Kleptoscope 5 looks at this under-acknowledged economic catastrophe, and asks why it is so hard to recover assets stolen by kleptocrats. And what role does London play as both a safe haven for looted money, and a laundering centre for money being invested elsewhere?

As usual, the evening is hosted by investigative journalist Oliver Bullough, who will introduce a panel of hugely experienced and knowledgeable practitioners from the three spheres of asset recovery: law enforcement, private practice and civil society.

William Bourdon is a French lawyer who specialises in corporate, media and criminal law. In 2001, he founded Sherpa to “defend the victims of crimes committed by economic operators”, and has sought to bring cases against kleptocratic rulers of countries with assets in France: including Senegal, Gabon, Equatorial Guinea and Congo-Brazzaville. He recently created PPLAAF, a platform to protect whistle blowers in Africa (https://pplaaf.org).

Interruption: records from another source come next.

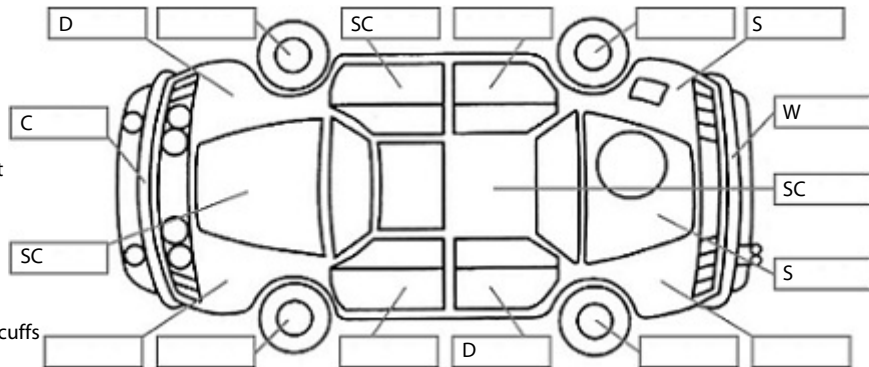

Make: Subaru	Model: Impreza	Body Style: Wagon
Year: 2006	Registration: JLP742	Reg Expiry: 13 May 2019
WoF Expiry: 25 Aug 2019	Odometer: 106,416 Kms	Good No: 17717739
VIN: 7AT0GF09X15002771	Next Service: 89900	Service History: No

Key:

- S = scratch
- D = dent
- R = rust
- PT = paint defect
- C = crack
- P = pin dent
- * = decals
- SC = stone chips
- W = significant scuffs

Body Inspection Comments

Stone chips front screen. No cargo blind.
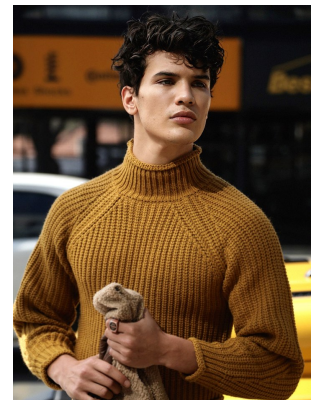

BOSS MODELS

JOHANNESBURG

JORDAN WHITCHER

Height: 189cm Chest: 100cm Waist: 81cm Shoe: 10.5 UK Hair: Black Eyes: Blue/Green

BOSS MODELS

JOHANNESBURG

JORDAN WHITCHER

Height: 189cm Chest: 100cm Waist: 81cm Shoe: 10.5 UK Hair: Black Eyes: Blue/Green
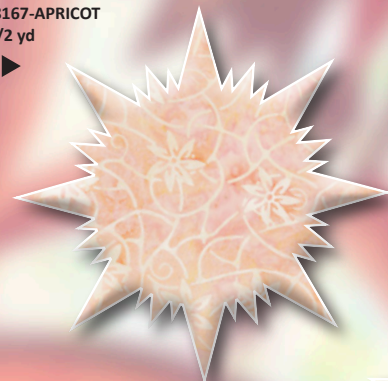

Cajun Spice

TIMELESS TREASURES

Starfish Mini Collection,
and Wallflowers

85" x 85"

Backing: 7 3/4 yd • Binding: 3/4 yd, TONGA-B6874 GARNET

SKU	Fabric #	Yd	Fabric Swatch
TONGA-B6167 SHELL	J2, L1, N9	2 3/8	
TONGA-B6874 SAND	J3, K3:a, C4, C10, C16	1 1/8	
TONGA-B6876 APRICOT	K3:b, C5, C9, C17	1	
TONGA-B8163 STARFISH	J4:a, C6, C8, C18	5/8	
TONGA-B8166 CORAL	J4:b, N5, N8, C7, C19	1 3/4	
TONGA-B6874 ORANGE	N12, N13, C20	1 3/8	
TONGA-B8164 SAIL	J1, K1, N6, N7	2	
TONGA-B6874 GARNET	K2, L2, L3, N3, N4, N10, N11, N14, C21	7 1/8	

C3, C11, C15
TONGA-B8167-APRICOT
1/2 yd

N1, N2, C1, C13
TONGA-B6168-AIR
1 1/8 yd

C2, C12, C14
TONGA-B8162-HALO
5/8 yd

Quiltworx.com

E-mail: info@quiltworx.com
Website: www.quiltworx.com

Visit us on:

Daniel Hall is a director at Burford Capital, a firm that specialises in funding asset recovery cases. He has spent more than a decade investigating fraud and financial crime, with a particular emphasis on sovereign cases.

David O’Mahony  is a barrister at 7BR and specialises in offshore issues. He has been instructed in cases involving money laundering and criminal fraud, civil and commercial law, arbitration, domestic and international financial regulation and international crime. He advises on public and private international law and international criminal law and has deep knowledge of the law of bribery and corruption.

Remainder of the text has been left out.